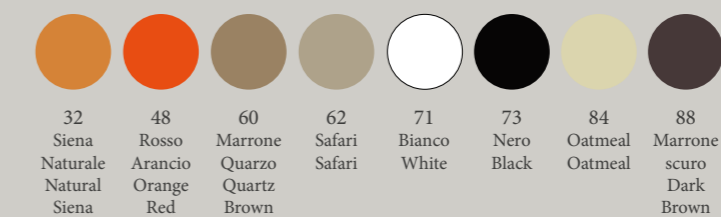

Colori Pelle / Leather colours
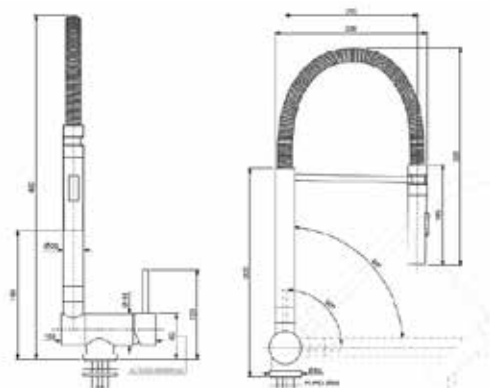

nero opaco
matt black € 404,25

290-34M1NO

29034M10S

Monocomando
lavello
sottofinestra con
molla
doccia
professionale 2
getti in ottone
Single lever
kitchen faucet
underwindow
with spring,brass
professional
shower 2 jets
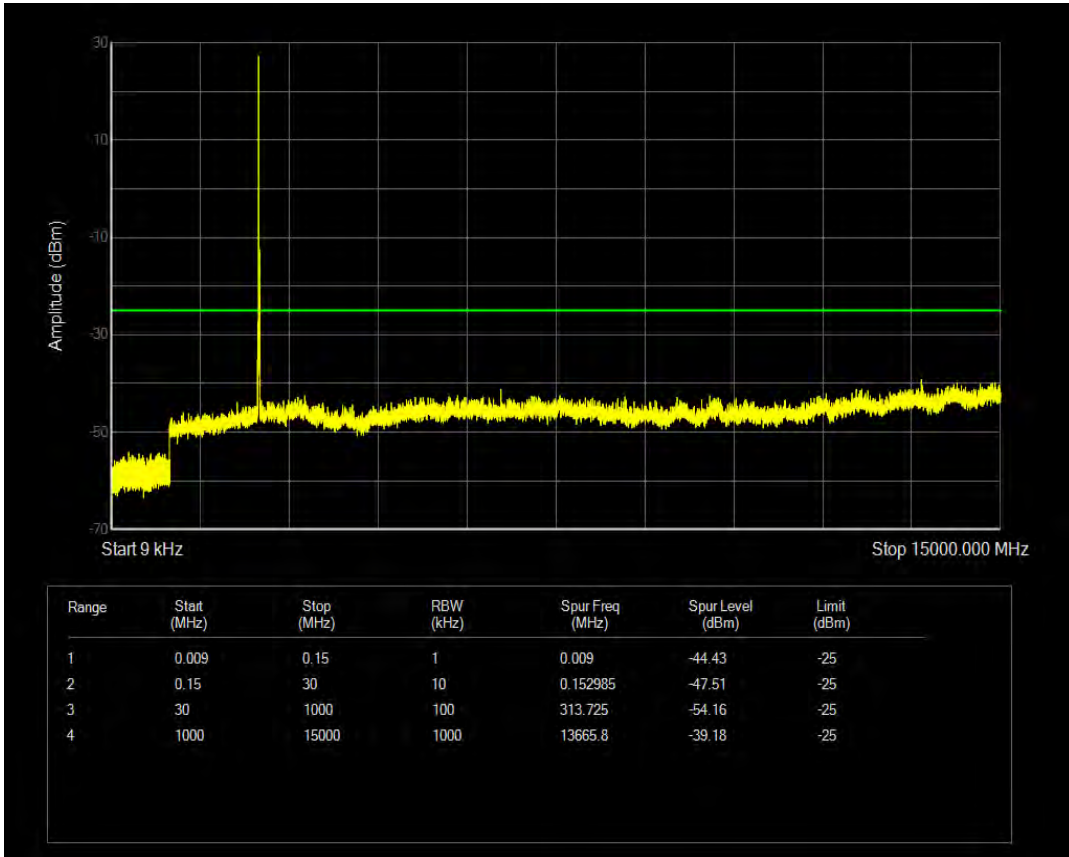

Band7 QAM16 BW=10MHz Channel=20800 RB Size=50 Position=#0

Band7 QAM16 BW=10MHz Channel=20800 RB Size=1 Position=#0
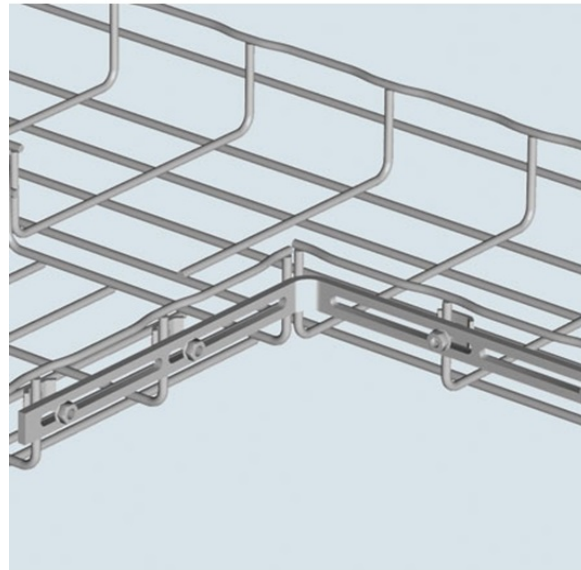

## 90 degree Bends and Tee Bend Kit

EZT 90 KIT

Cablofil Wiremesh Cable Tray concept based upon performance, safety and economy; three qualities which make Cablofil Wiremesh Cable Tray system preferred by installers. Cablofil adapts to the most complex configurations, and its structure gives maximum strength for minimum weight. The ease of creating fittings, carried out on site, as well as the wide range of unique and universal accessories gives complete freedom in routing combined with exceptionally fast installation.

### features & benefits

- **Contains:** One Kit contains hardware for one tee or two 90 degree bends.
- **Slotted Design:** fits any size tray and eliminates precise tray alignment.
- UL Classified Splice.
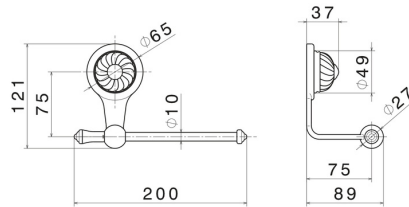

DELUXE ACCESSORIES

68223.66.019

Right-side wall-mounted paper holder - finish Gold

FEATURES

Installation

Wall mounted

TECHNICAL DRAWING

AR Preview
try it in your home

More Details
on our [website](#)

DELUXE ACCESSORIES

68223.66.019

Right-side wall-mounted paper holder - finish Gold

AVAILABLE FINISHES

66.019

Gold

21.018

+++

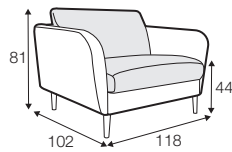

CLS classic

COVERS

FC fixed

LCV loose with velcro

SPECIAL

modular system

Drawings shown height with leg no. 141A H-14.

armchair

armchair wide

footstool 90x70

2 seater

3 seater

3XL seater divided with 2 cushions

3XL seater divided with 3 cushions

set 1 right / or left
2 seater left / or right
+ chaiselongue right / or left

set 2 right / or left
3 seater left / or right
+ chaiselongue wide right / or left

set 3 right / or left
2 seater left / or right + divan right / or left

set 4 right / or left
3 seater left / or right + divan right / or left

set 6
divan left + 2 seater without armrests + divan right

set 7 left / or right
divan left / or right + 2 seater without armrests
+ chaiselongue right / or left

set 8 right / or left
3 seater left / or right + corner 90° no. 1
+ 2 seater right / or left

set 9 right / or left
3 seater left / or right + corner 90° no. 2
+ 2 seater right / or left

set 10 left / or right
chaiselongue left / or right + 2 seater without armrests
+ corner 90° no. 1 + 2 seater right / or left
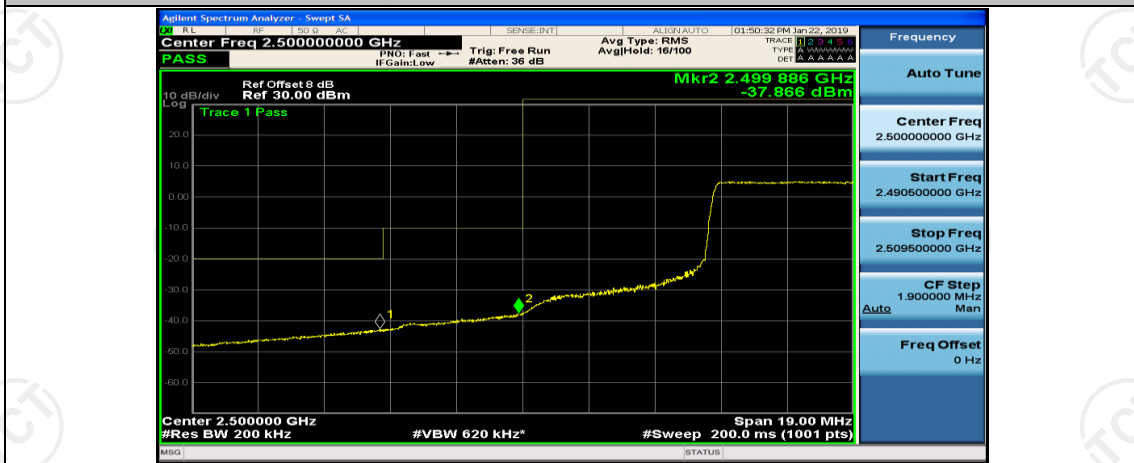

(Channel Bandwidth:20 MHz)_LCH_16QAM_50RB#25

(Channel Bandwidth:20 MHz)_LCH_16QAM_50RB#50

+++

Exercise
A lone number is the expected answer: the count of lines in these entries holding the string "corner".

Answer for the task
3